Dataset utilization and challenges: Table 7 shows that datasets such as IoT-23, MedBIoT, and Bot-IoT were frequently utilized. However, issues such as dataset imbalances and limited architectural diversity remain unclear.
Diverse feature categories: IoT malware detection employs a mix of static (e.g., network packet features and opcode sequences) and dynamic (e.g., system call graphs and network traffic metadata) features, with some methods integrating hybrid approaches (e.g., opcode and API calls).
Machine learning algorithms: A wide range of ML algorithms, including RF, CNN, RNN, Bi-LSTM, and GNN, has been utilized. The RF and CNN models dominate owing to their high accuracy and adaptability to IoT-specific constraints.
Image-based detection advances in sandboxing: Image-based approaches and sandboxing improvements, such as QEMU-based execution and system behavior capture, have addressed limitations in resource-constrained IoT environments while enhancing the malware detection performance.
Adversarial vulnerabilities: Many existing models are susceptible to adversarial attacks, which reduces their real-world applicability.
6.4. Malware Detection on Cloud Platform
Malware detection in cloud platforms is becoming increasingly vital as organizations move data and services to the cloud. This approach leverages the cloud infrastructure to identify malicious software by monitoring activities, analyzing data, and security checks. Unlike traditional systems, cloud environments pose unique challenges due to their distributed architecture, multi-tenancy, and scalability. The dynamic and large-scale nature of the cloud enables rapid malware propagation, outpacing traditional detection methods. Detection agents on cloud servers provide security services, allowing users to upload files and receive malware reports.
Xiao et al. [127] proposed a cloud-based malware detection scheme utilizing Q-learning to optimize the offloading rate for mobile devices without prior knowledge of trace generation or radio bandwidth. They employed the Dyna architecture and post-decision state learning to enhance performance and expedite the reinforcement learning process. Testing revealed that their scheme improved detection accuracy by 40%, reduced delay by 15%, and increased mobile device utility by 47% with 100 devices, thereby enhancing overall performance. Additionally, Yadav R. Mahesh [64] introduced a malware detection system for cloud environments using a novel consolidated Weighted Fuzzy K-means clustering algorithm with an Associative Neural Network (WFCM-AANN). The proposed classifier identified malware with a high detection precision of 92.45%, surpassing existing classifiers. Similarly, Mouratidis et al. [128] introduced a security modeling language for cloud environments, integrating security requirements with cloud concepts and leveraging automated analysis to enhance security insights. Moreover, in [129], the researchers developed the CMD_2024 dataset by integrating static and dynamic features to enhance cloud malware detection. By leveraging integrated deep learning models, the study reported outstanding performance, achieving 99.42% binary and 86.97% multiclass classification accuracy.

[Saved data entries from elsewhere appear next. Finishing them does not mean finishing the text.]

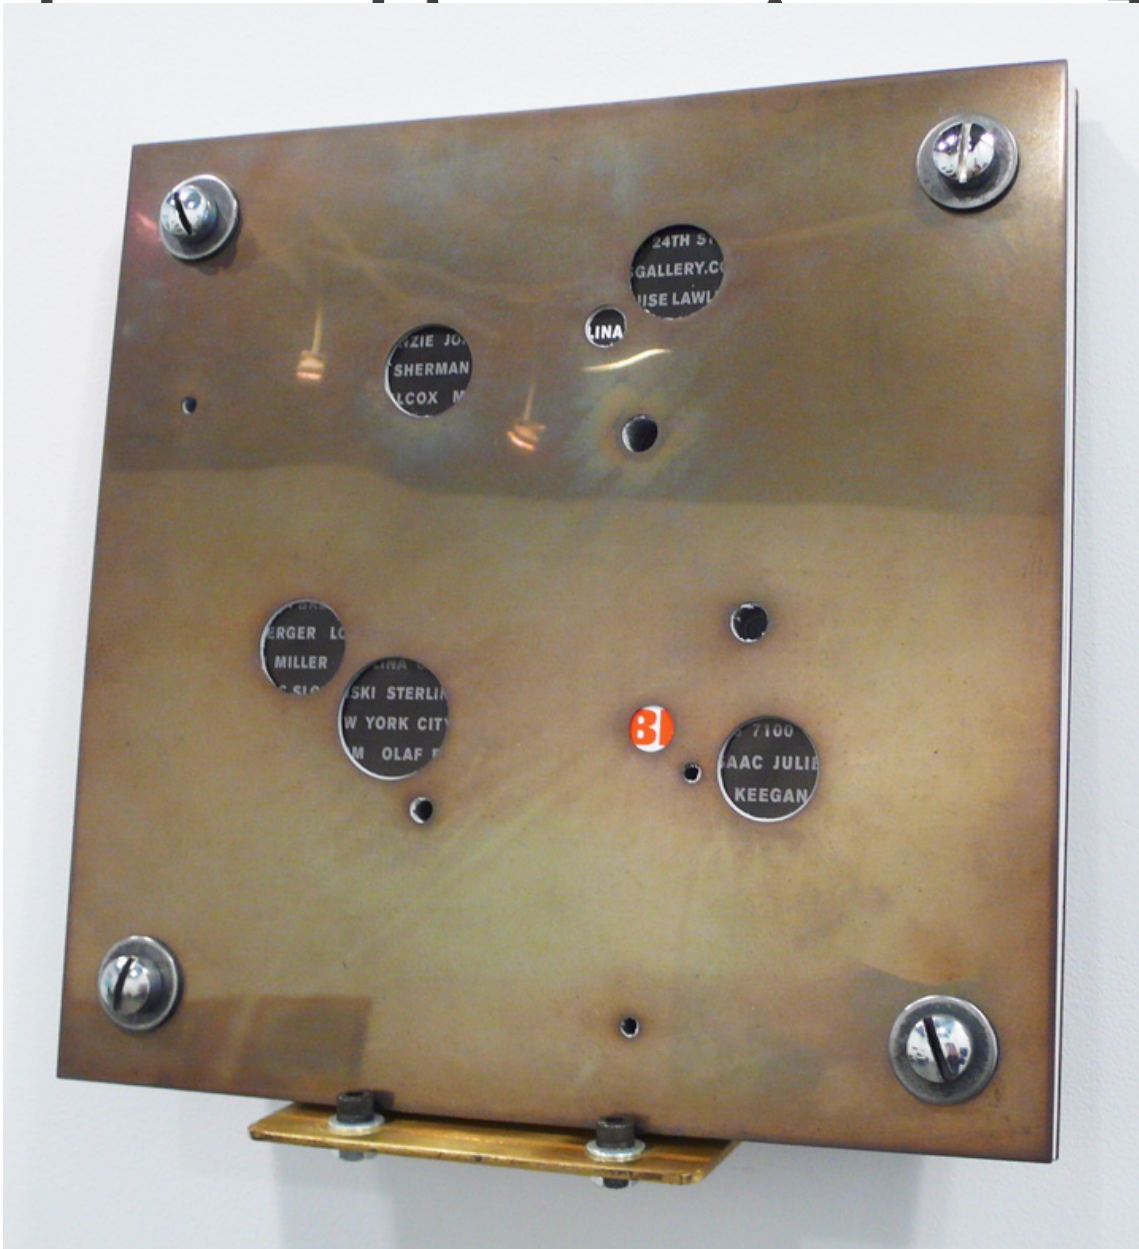

M

A

R

G

A

C

E

Richard Thatcher, *Best of (December 2006)*, 2007
Drilled metal plates, artforum, machine screws, 10.5 x 10.5 x 1.5 inches (27 x 27 x 4 cm)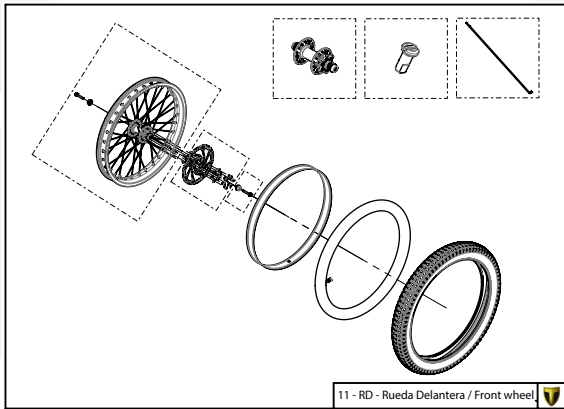

Manual de Despiece 

Parts Book 

TRRS **ON-E**
K I D S

20"
2021

Imagen: Moto exclusivamente para competición y circuito cerrado.
Picture: Motorcycle only for competition and closed circuit.

TRRS
MOTORCYCLES

Despiece TRRS ON-E KIDS 20" / 2021

D

C

B

A

Despiece TRRS ON-E KIDS 20" / 2021

D

10 - CA - Cargador / Charger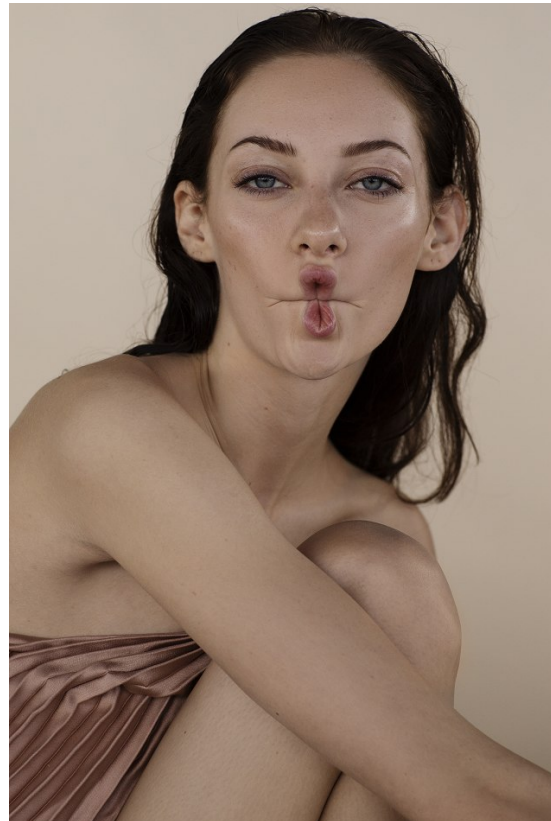

BOSS MODELS

JOHANNESBURG

SIENNA CONRADIE

Height: 173cm Bust: 85cm Waist: 60cm Hips: 90cm Shoe: 4 UK Hair: Auburn Eyes: Blue

BOSS MODELS

JOHANNESBURG

SIENNA CONRADIE

Height: 173cm Bust: 85cm Waist: 60cm Hips: 90cm Shoe: 4 UK Hair: Auburn Eyes: Blue

Summary of research trends on malware detection on cloud platform
According to the studies reviewed in this work, advanced methods such as Q-learning and Weighted Fuzzy K-means clustering combined with neural networks have shown promising results. However, large-scale and highly variable cloud environments render malware detection challenging. Hence, existing solutions often lack scalability to handle the rapid increases in traffic and malware propagation. To overcome this issue, adaptive ML models that can efficiently handle the dynamic and multi-tenant nature of cloud systems can be developed.
6.5. Discussion
Based on the extensive review of the related literature discussed in Section 6.1, Section 6.2, Section 6.3 and Section 6.4, this section provides a critical analysis of malware detection methods, focusing on their effectiveness in specific scenarios and platforms, as well as their computational cost, scalability, and challenges in real-world integration. These insights highlight the strengths, limitations, and practical applicability of the surveyed methods, offering a deeper understanding of their suitability in different environments.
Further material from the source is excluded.